EXERCISE DETAILS: Your answer should repeat every line of the records below in which the word "Entrance" appears.

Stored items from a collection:
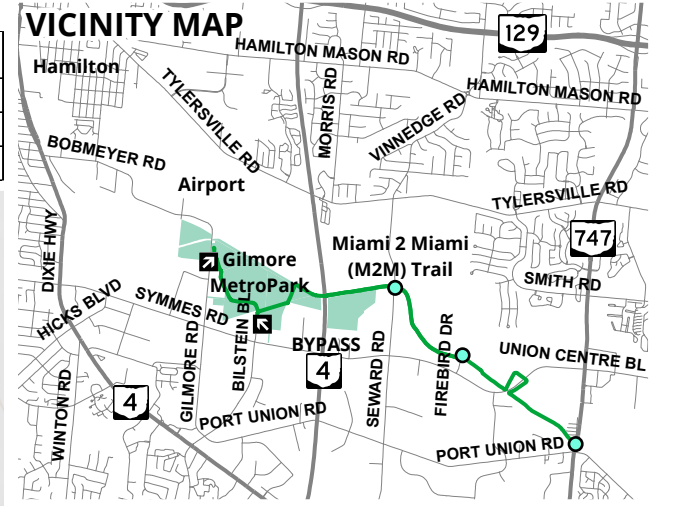

TRAILS

Symbol	Main Trail	Spur / Shortcut	Name	Length (miles)	Type
			Highlands Trace	0.7	Loop
			Wetlands Trail	0.8	2 mi loop via M2M
			Miami 2 Miami (M2M) Trail	4.5	Paved, Out/Back

- LEGEND**
- Park Entrance
 - Parking
 - Observation Deck
 - Bird Blind
 - Trail Intersection
 - Roads
 - Waterways
 - Park Boundary

Scan here to view this map in the OuterSpatial app!

Gilmore Ponds MetroPark

Gilmore Road Entrance
7950 Gilmore Road
Hamilton, OH 45015

Bilstein Blvd. Entrance
8300 Bilstein Blvd.
Hamilton, OH 45015

Park open daily 8am-dark
For information call (513) 867-5835
For emergency call 911

2051 Timberman Road, Hamilton, OH 45013
YourMetroParks.net (513) 867-5835

Background Credit: USGS The National Map, 2022.
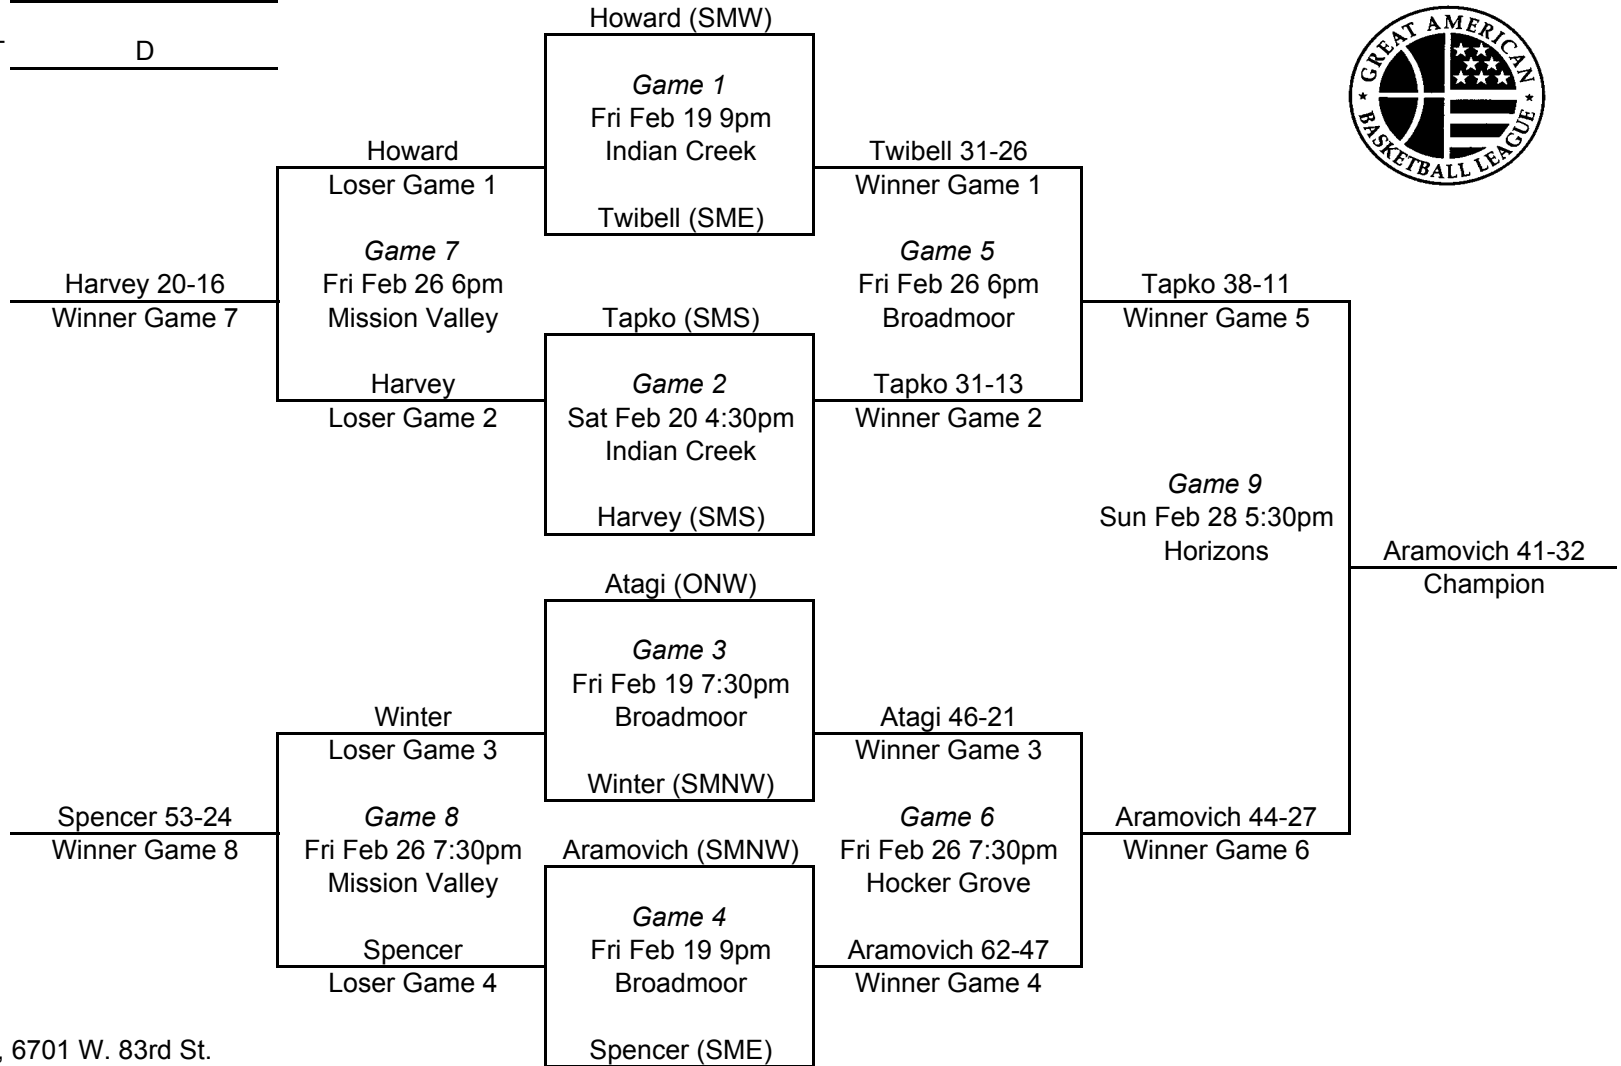

2009-10 GABL POSTSEASON
TOURNAMENT BRACKET

Brackets updated at www.gabl.net

GENDER/GRADE Girls MS
BRACKET D

Broadmoor Tech Ctr., 6701 W. 83rd St.
Hocker Grove MS, 10400 Johnson Dr.
Horizons HS, 5900 Lamar
Indian Creek Tech Ctr., 4401 W. 103rd St.
Mission Valley MS, 8500 Mission Rd.

Team listed on TOP line for each game
is the HOME team.

EXERCISE RESPONSE:
- Park Entrance
Gilmore Road Entrance
Bilstein Blvd. Entrance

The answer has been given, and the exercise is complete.